Problem statement - Output the entries below unchanged, except for the pictures.

==== Input

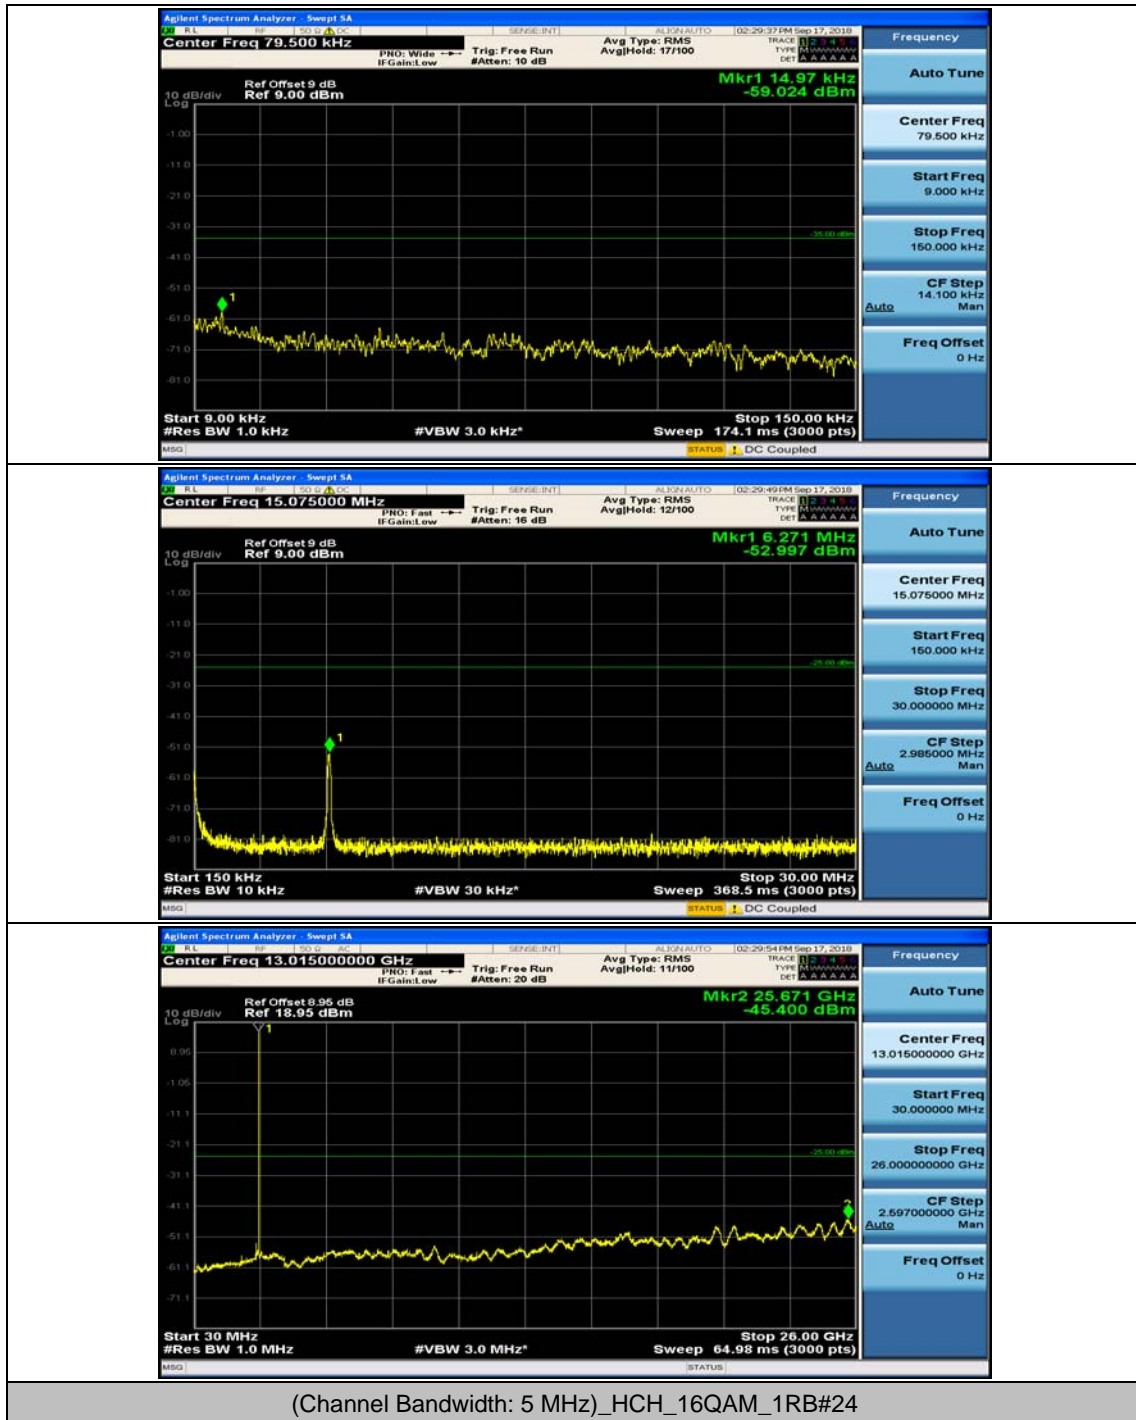

(Channel Bandwidth: 5 MHz)_LCH_16QAM_1RB#12

(Channel Bandwidth: 5 MHz)_MCH_16QAM_1RB#0

(Channel Bandwidth: 5 MHz)_MCH_16QAM_1RB#12

(Channel Bandwidth: 5 MHz)_HCH_16QAM_1RB#0

(Channel Bandwidth: 5 MHz)_HCH_16QAM_1RB#12
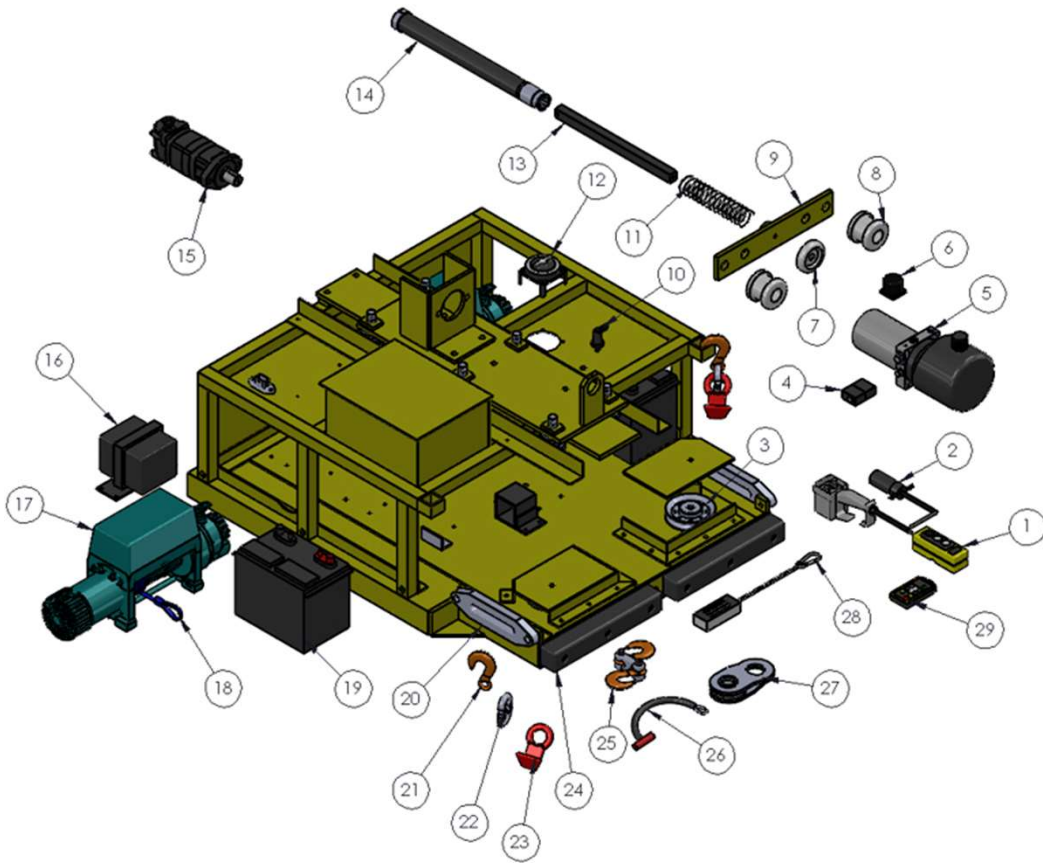

**Door  
Demon**<sup>®</sup>

Item No.	Part No.	Description	QTY.
1	ARN-0194R	Rollers for Torque Arm	2
2	ARN-0196R	Center Stop for Torque Arm	1
3	ARN-0341	Bully Plug Door Head	1
4	ARN-0253	Pin for Bully ARM	1
5	ARN-0140	Spring for Bully Head	1
6	8302	12 Volt Battery	2
7	ARN-0297	Outer Shaft for power arm	1
8	ARN-0036	12 Volt Connector	1
9	ARN-0004	Hydraulic Motor	1
10	ARN-0037	12 Volt Disconnect Handle	1
11	ARN-0190	Hydraulic Tank Breather	1
12	ARN-0099	12 Volt Solenoid	1
13	ARN-0091	Power Pendant and Cord	1
14	ARN-0075	12 Volt Power Unit	1
15	ARN-0110	12 Volt Battery Charger	1
16	ARN-0342	Shaft Support	1
17	ARN-0340	Inner shaft for PDO	1
18			
19			
20			
21			
22			
23			
24			
25			
26			
27		Snatch Block	
28		Third Hand Magnet	
29		Wireless Remote	

# Blue Roller Plug Door Opener

Item No.	Part No.	Description	QTY.
1	ARN-0198R	Rollers for Torque Arm	2
2	ARN-0196R	Center Stop for Torque Arm	1
3	ARN-0091	Power Pendant and Cord	1
4	ARN-0004	Hydraulic Motor	1
5	ARN-0036	12 volt Connector	1
6	ARN-0236	Height Adjustment Handle	1
7	ARN-0037	12 Volt Disconnect Handle	1
8	ARN-0190	Hydraulic Tank Breather	1
9	ARN-0074	12 Volt Power Unit	1
10	ARN-0228	Swivel Caster Wheel	2
11	8302	12 Volt Battery	2
12	ARN-0227	Rigid Caster Wheel	2
13	ARN-0110	12 Volt Battery Charger	1

# DoorBuster Boxcar Door Opener

Item No.	Part No.	Description	QTY.
1	ARN-0198R	Rollers for Torque Arm	2
2	ARN-0196R	Center Stop for Torque Arm	1
3	ARN-0091	Power Pendant and Cord	1
4	ARN-0004	Hydraulic Motor	1
5	ARN-0036	12 volt Connector	1
6	ARN-0236	Height Adjustment Handle	1
7	ARN-0037	12 Volt Disconnect Handle	1
8	ARN-0190	Hydraulic Tank Breather	1
9	ARN-0074	12 Volt Power Unit	1
10	ARN-0228	Swivel Caster Wheel	2
11	8302	12 Volt Battery	2
12	ARN-0227	Rigid Caster Wheel	2
13	ARN-0110	12 Volt Battery Charger	1
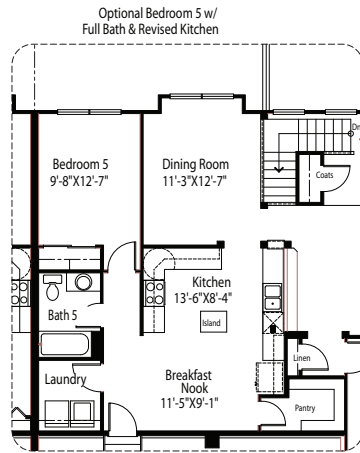

*Please note: The "Carriages" floor plans vary in size/layout between the different neighborhoods they are offered in. The floor plan title on this page indicates the neighborhood represented. If you are seeking the alternate neighborhood floor plans, please visit the respective web page:
Carriages at Pine Creek - www.classichomes.com/CarriagesPC
Carriages at Indigo Ranch - www.classichomes.com/CarriagesIR

The Carriages at Pine Creek Victoria - 555 AX* Carefree Living Series

Base Plan Square Footage:*	
Main Level:	1,708 Sq. Ft.
Basement Level:	1,734 Sq. Ft.
Total:	3,442 Sq. Ft.

*Actual square footage may vary due to added options, chosen elevations, or amount of basement finish.

Main Level
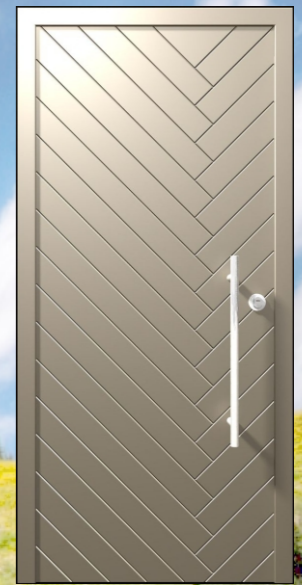

Design

METAL MODERN DOOR

Charm of lines

GLASS ART

Catch a glimpse of beauty

SIDE LIGHT METAL DOOR

AMERICAN DOOR

GRILL METAL DOOR

Mirror lines

LINE METAL DOOR

Kaleidoscope world

 **Seeyesdoor**

Single Entrance DOOR

Divide share happiness

Single Entrance DOOR

s
h
a
r
k
e

Single Entrance DOOR

see things in a blur

DOUBLE METAL DOOR

DOUBLE HAPPINESS

DOUBLE LARGE METAL DOOR //

OVERBEARING CEO

METAL GLASS FLOWER DOOR //

TRANSLUCENT LOVE SUNSHINE

METAL PANLE DOOR

Neat planning

METAL CLEARER GLASS DOOR

Light penetration

METAL NARROW BORDER GLASS DOOR //

Broad vision

METAL BIG FRAME GLASS DOOR

BROAD PERSPECTIVE
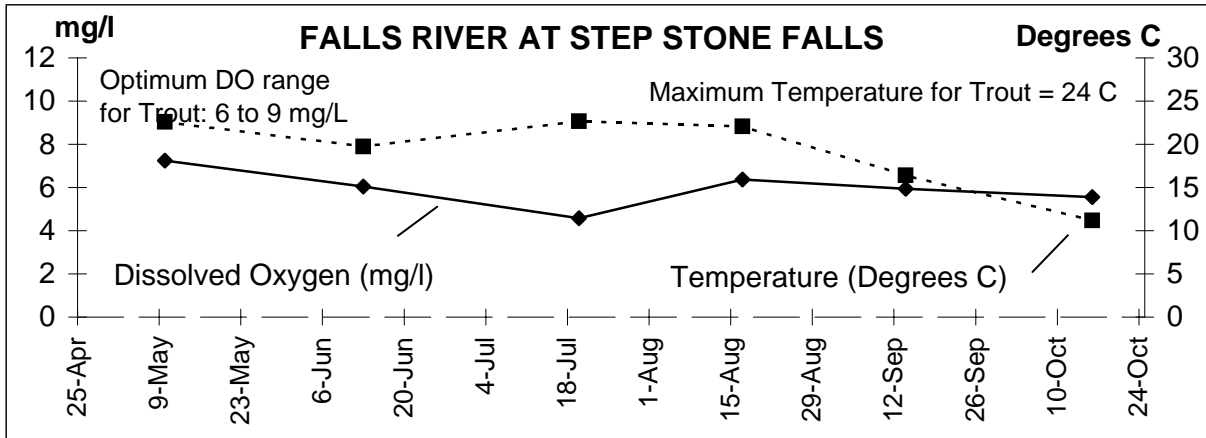

2007 Falls River Data

2007 Falls River Data
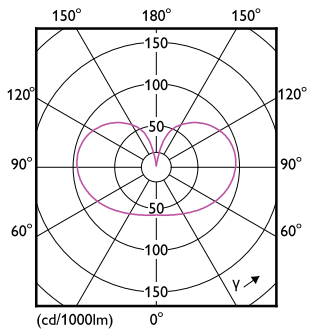

Product data

General information	
Cap-Base	E27 [E27]
EU RoHS compliant	Yes
Nominal Lifetime (Nom)	15000 h
Switching Cycle	20000X
Technical Type	7.5;3;1.6-60-30-16W
Flux measurement reference	Sphere
Light technical	
Color Code	827/825/822 [CCT of 2700K/2500K/2200K]
Luminous Flux (Nom)	806-320-150 lm
Color Designation	Warm/Extra Warm/Very Warm
Correlated Color Temperature (Nom)	2700 2500 2200 K
Luminous Efficacy (rated) (Nom)	107.00 lm/W
Color Consistency	<6
Color Rendering Index (Nom)	80
LLMF At End Of Nominal Lifetime (Nom)	70 %
Operating and electrical	
Input Frequency	50 to 60 Hz

Power (Nom)	7.5 3 1.6 W
Lamp Current (Nom)	43 mA
Starting Time (Nom)	0.5 s
Warm Up Time to 60% Light (Nom)	0.5 s
Power Factor (Nom)	0.5
Voltage (Nom)	220-240 V
Temperature	
T-Case Maximum (Nom)	65 °C
Controls and dimming	
Dimmable	No
Mechanical and housing	
Bulb Finish	Frosted
Bulb Shape	A60 [A 60mm]
Approval and application	
Energy Efficiency Class	F
Energy Consumption kWh/1000 h	8 kWh

SceneSwitch LEDbulbs

EPREL Registration Number	739282
Product data	
Full product code	871951426396301
Order product name	LEDclassic SSW 60W A60 E27WWFR ND 1PF/10
EAN/UPC - Product	8719514263963

Order code	929002445517
Numerator - Quantity Per Pack	1
Numerator - Packs per outer box	10
Material Nr. (12NC)	929002445517
Net Weight (Piece)	0.074 kg

Dimensional drawing

LEDclassic SSW 60W A60 E27WWFR ND 1PF/10

Product	D	C
LEDclassic SSW 60W A60 E27WWFR ND 1PF/10	60 mm	104 mm

Photometric data

LEDbulb SSW A60 7,5W E27 827 FR-LDD

LEDbulb SSW 7,5W A60 E27 827 FR-GUL

========

Response to the exercise -
(Channel Bandwidth: 5 MHz)_LCH_16QAM_1RB#12

(Channel Bandwidth: 5 MHz)_MCH_16QAM_1RB#0

(Channel Bandwidth: 5 MHz)_MCH_16QAM_1RB#12

(Channel Bandwidth: 5 MHz)_HCH_16QAM_1RB#0

(Channel Bandwidth: 5 MHz)_HCH_16QAM_1RB#12

**Door  
Demon**<sup>®</sup>

Item No.	Part No.	Description	QTY.
1	ARN-0194R	Rollers for Torque Arm	2
2	ARN-0196R	Center Stop for Torque Arm	1
3	ARN-0341	Bully Plug Door Head	1
4	ARN-0253	Pin for Bully ARM	1
5	ARN-0140	Spring for Bully Head	1
6	8302	12 Volt Battery	2
7	ARN-0297	Outer Shaft for power arm	1
8	ARN-0036	12 Volt Connector	1
9	ARN-0004	Hydraulic Motor	1
10	ARN-0037	12 Volt Disconnect Handle	1
11	ARN-0190	Hydraulic Tank Breather	1
12	ARN-0099	12 Volt Solenoid	1
13	ARN-0091	Power Pendant and Cord	1
14	ARN-0075	12 Volt Power Unit	1
15	ARN-0110	12 Volt Battery Charger	1
16	ARN-0342	Shaft Support	1
17	ARN-0340	Inner shaft for PDO	1
18			
19			
20			
21			
22			
23			
24			
25			
26			
27		Snatch Block	
28		Third Hand Magnet	
29		Wireless Remote	

# Blue Roller Plug Door Opener

Item No.	Part No.	Description	QTY.
1	ARN-0198R	Rollers for Torque Arm	2
2	ARN-0196R	Center Stop for Torque Arm	1
3	ARN-0091	Power Pendant and Cord	1
4	ARN-0004	Hydraulic Motor	1
5	ARN-0036	12 volt Connector	1
6	ARN-0236	Height Adjustment Handle	1
7	ARN-0037	12 Volt Disconnect Handle	1
8	ARN-0190	Hydraulic Tank Breather	1
9	ARN-0074	12 Volt Power Unit	1
10	ARN-0228	Swivel Caster Wheel	2
11	8302	12 Volt Battery	2
12	ARN-0227	Rigid Caster Wheel	2
13	ARN-0110	12 Volt Battery Charger	1

# DoorBuster Boxcar Door Opener

Item No.	Part No.	Description	QTY.
1	ARN-0198R	Rollers for Torque Arm	2
2	ARN-0196R	Center Stop for Torque Arm	1
3	ARN-0091	Power Pendant and Cord	1
4	ARN-0004	Hydraulic Motor	1
5	ARN-0036	12 volt Connector	1
6	ARN-0236	Height Adjustment Handle	1
7	ARN-0037	12 Volt Disconnect Handle	1
8	ARN-0190	Hydraulic Tank Breather	1
9	ARN-0074	12 Volt Power Unit	1
10	ARN-0228	Swivel Caster Wheel	2
11	8302	12 Volt Battery	2
12	ARN-0227	Rigid Caster Wheel	2
13	ARN-0110	12 Volt Battery Charger	1

*Please note: The "Carriages" floor plans vary in size/layout between the different neighborhoods they are offered in. The floor plan title on this page indicates the neighborhood represented. If you are seeking the alternate neighborhood floor plans, please visit the respective web page:
Carriages at Pine Creek - www.classichomes.com/CarriagesPC
Carriages at Indigo Ranch - www.classichomes.com/CarriagesIR

The Carriages at Pine Creek Victoria - 555 AX* Carefree Living Series

Base Plan Square Footage:*	
Main Level:	1,708 Sq. Ft.
Basement Level:	1,734 Sq. Ft.
Total:	3,442 Sq. Ft.

*Actual square footage may vary due to added options, chosen elevations, or amount of basement finish.

Main Level

Design

METAL MODERN DOOR

Charm of lines

GLASS ART

Catch a glimpse of beauty

SIDE LIGHT METAL DOOR

AMERICAN DOOR

GRILL METAL DOOR

Mirror lines

LINE METAL DOOR

Kaleidoscope world

 **Seeyesdoor**

Single Entrance DOOR

Divide share happiness

Single Entrance DOOR

s
h
a
r
k
e

Single Entrance DOOR

see things in a blur

DOUBLE METAL DOOR

DOUBLE HAPPINESS

DOUBLE LARGE METAL DOOR //

OVERBEARING CEO

METAL GLASS FLOWER DOOR //

TRANSLUCENT LOVE SUNSHINE

METAL PANLE DOOR

Neat planning

METAL CLEARER GLASS DOOR

Light penetration

METAL NARROW BORDER GLASS DOOR //

Broad vision

METAL BIG FRAME GLASS DOOR

BROAD PERSPECTIVE

2007 Falls River Data

2007 Falls River Data

Product data

General information	
Cap-Base	E27 [E27]
EU RoHS compliant	Yes
Nominal Lifetime (Nom)	15000 h
Switching Cycle	20000X
Technical Type	7.5;3;1.6-60-30-16W
Flux measurement reference	Sphere
Light technical	
Color Code	827/825/822 [CCT of 2700K/2500K/2200K]
Luminous Flux (Nom)	806-320-150 lm
Color Designation	Warm/Extra Warm/Very Warm
Correlated Color Temperature (Nom)	2700 2500 2200 K
Luminous Efficacy (rated) (Nom)	107.00 lm/W
Color Consistency	<6
Color Rendering Index (Nom)	80
LLMF At End Of Nominal Lifetime (Nom)	70 %
Operating and electrical	
Input Frequency	50 to 60 Hz

Power (Nom)	7.5 3 1.6 W
Lamp Current (Nom)	43 mA
Starting Time (Nom)	0.5 s
Warm Up Time to 60% Light (Nom)	0.5 s
Power Factor (Nom)	0.5
Voltage (Nom)	220-240 V
Temperature	
T-Case Maximum (Nom)	65 °C
Controls and dimming	
Dimmable	No
Mechanical and housing	
Bulb Finish	Frosted
Bulb Shape	A60 [A 60mm]
Approval and application	
Energy Efficiency Class	F
Energy Consumption kWh/1000 h	8 kWh

SceneSwitch LEDbulbs

EPREL Registration Number	739282
Product data	
Full product code	871951426396301
Order product name	LEDclassic SSW 60W A60 E27WWFR ND 1PF/10
EAN/UPC - Product	8719514263963

Order code	929002445517
Numerator - Quantity Per Pack	1
Numerator - Packs per outer box	10
Material Nr. (12NC)	929002445517
Net Weight (Piece)	0.074 kg

Dimensional drawing

LEDclassic SSW 60W A60 E27WWFR ND 1PF/10

Product	D	C
LEDclassic SSW 60W A60 E27WWFR ND 1PF/10	60 mm	104 mm

Photometric data

LEDbulb SSW A60 7,5W E27 827 FR-LDD

LEDbulb SSW 7,5W A60 E27 827 FR-GUL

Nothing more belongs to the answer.